(INFORMATION SUPPLIED begins)

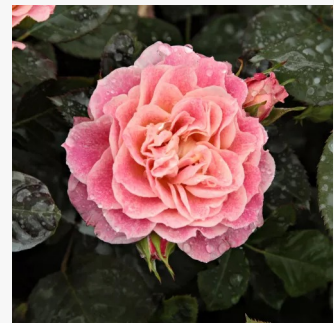

Rosa Michelle Bedrossian™

mischung von grellrot und gelb - floribunda-
grandiflora rosen
90-120 cm
duftlos - -
Dominique Massad
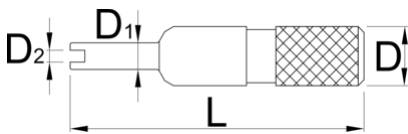

Tool for tyres valvelets

2042/5

Προφίλ

Χαρακτηριστικά προϊόντος

- υλικό: ειδική σύνθεση σκληρυμένη με θερμική επεξεργασία
- φινίρισμα επιφάνειας: επιχρωμιωμένο σύμφωνα με τον κανονισμό EN12540
- Για συναρμολόγηση και αποσυναρμολόγηση του μηχανισμού των βαλβίδων

	L	D	D1	D2	
629497	115	11	2	4,5	22

* Οι εικόνες των προϊόντων είναι συμβολικές. Όλες οι διαστάσεις είναι σε mm, το βάρος είναι σε γραμμάρια. Όλες οι αναφερόμενες διαστάσεις μπορεί να διαφέρουν σε ανοχές.
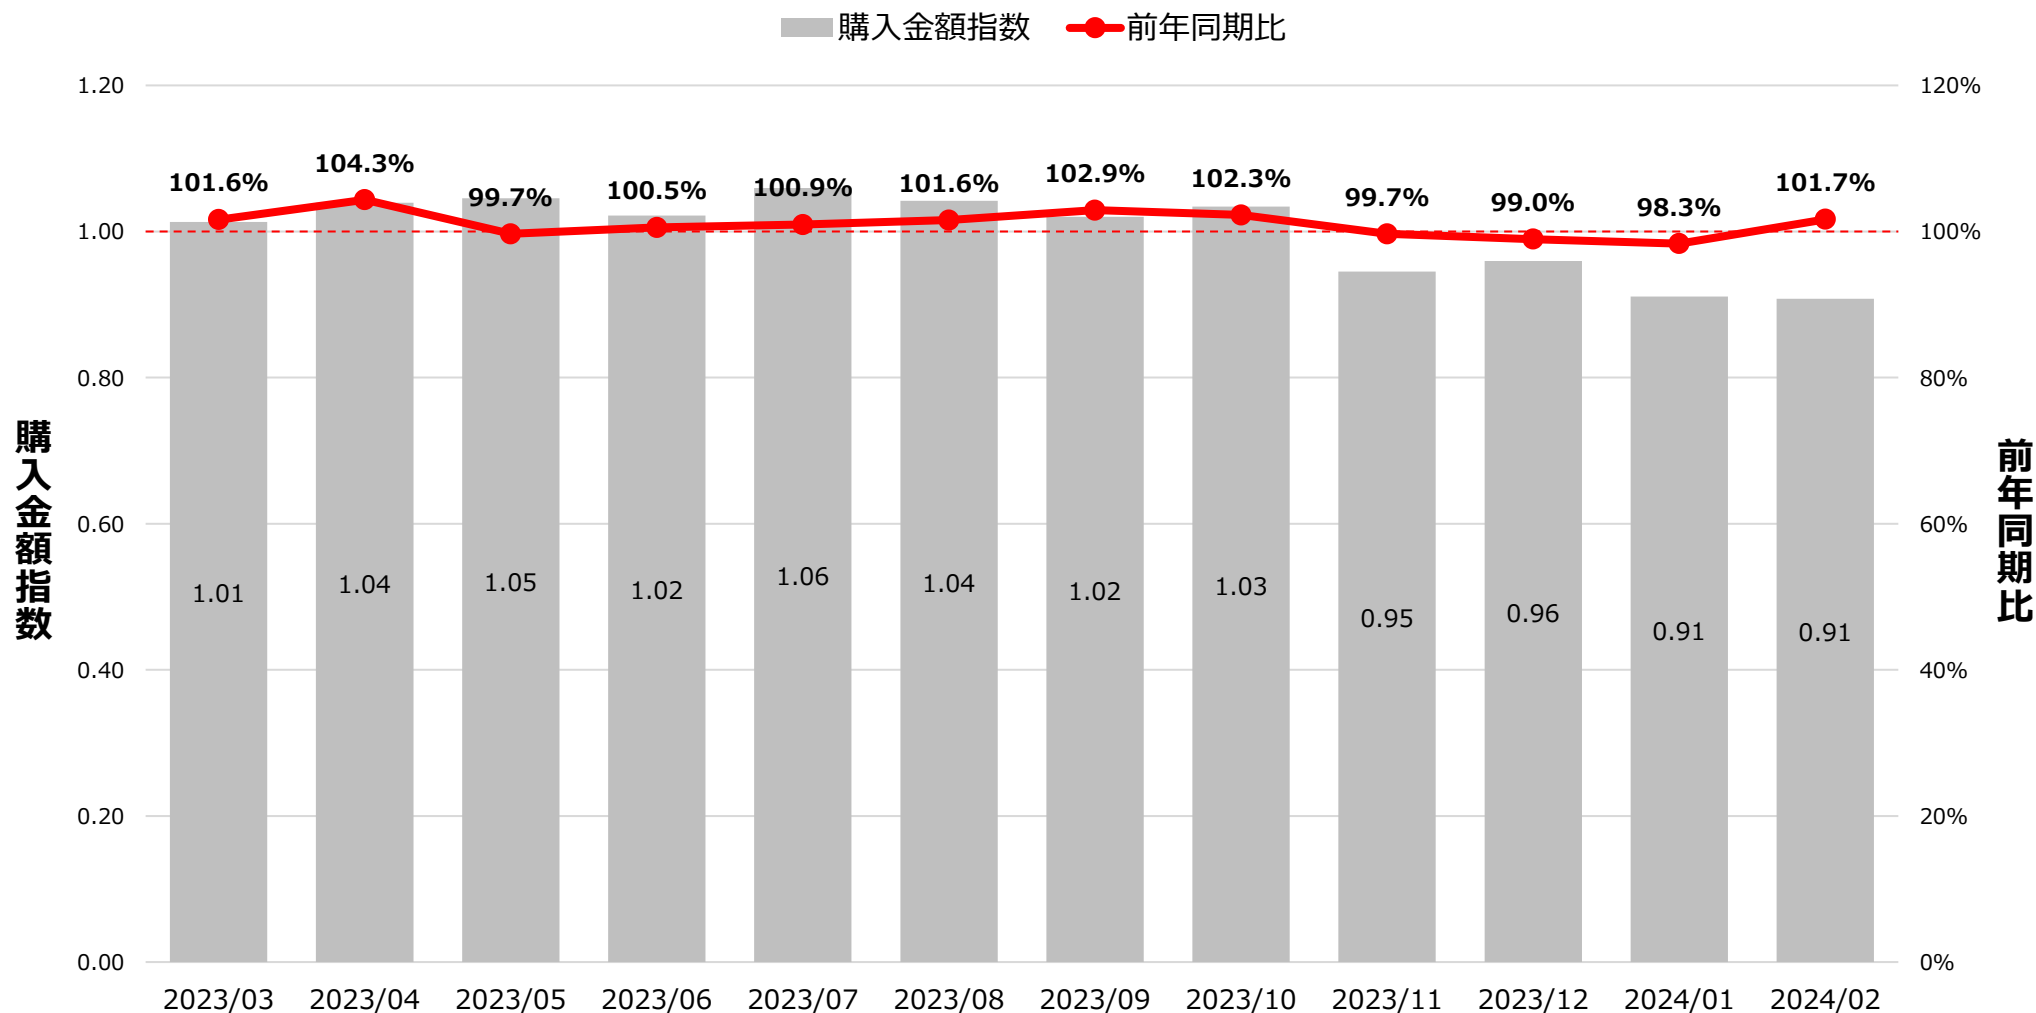

全国食品スーパーマーケット ヨーグルト カテゴリ ID-POS分析レポート

対象期間 … 2023/03/01~2024/02/29

対象カテゴリ … 細分類名：ヨーグルト

ヨーグルト カテゴリ 売上月次トレンド

※購入金額指数は月平均を1とした。

出典：i-code

(INFORMATION SUPPLIED ends)

__THE PROBLEM__
Restate word for word only the lines from where the entries begin through the one with "全国食品スーパーマーケット ヨーグルト カテゴリ ID-POS分析レポート"; omit the pictures.

__WRITTEN REPLY__
Rosa Michelle Bedrossian™

mischung von grellrot und gelb - floribunda-
grandiflora rosen
90-120 cm
duftlos - -
Dominique Massad

Tool for tyres valvelets

2042/5

Προφίλ

Χαρακτηριστικά προϊόντος

- υλικό: ειδική σύνθεση σκληρυμένη με θερμική επεξεργασία
- φινίρισμα επιφάνειας: επιχρωμιωμένο σύμφωνα με τον κανονισμό EN12540
- Για συναρμολόγηση και αποσυναρμολόγηση του μηχανισμού των βαλβίδων

	L	D	D1	D2	
629497	115	11	2	4,5	22

* Οι εικόνες των προϊόντων είναι συμβολικές. Όλες οι διαστάσεις είναι σε mm, το βάρος είναι σε γραμμάρια. Όλες οι αναφερόμενες διαστάσεις μπορεί να διαφέρουν σε ανοχές.

全国食品スーパーマーケット ヨーグルト カテゴリ ID-POS分析レポート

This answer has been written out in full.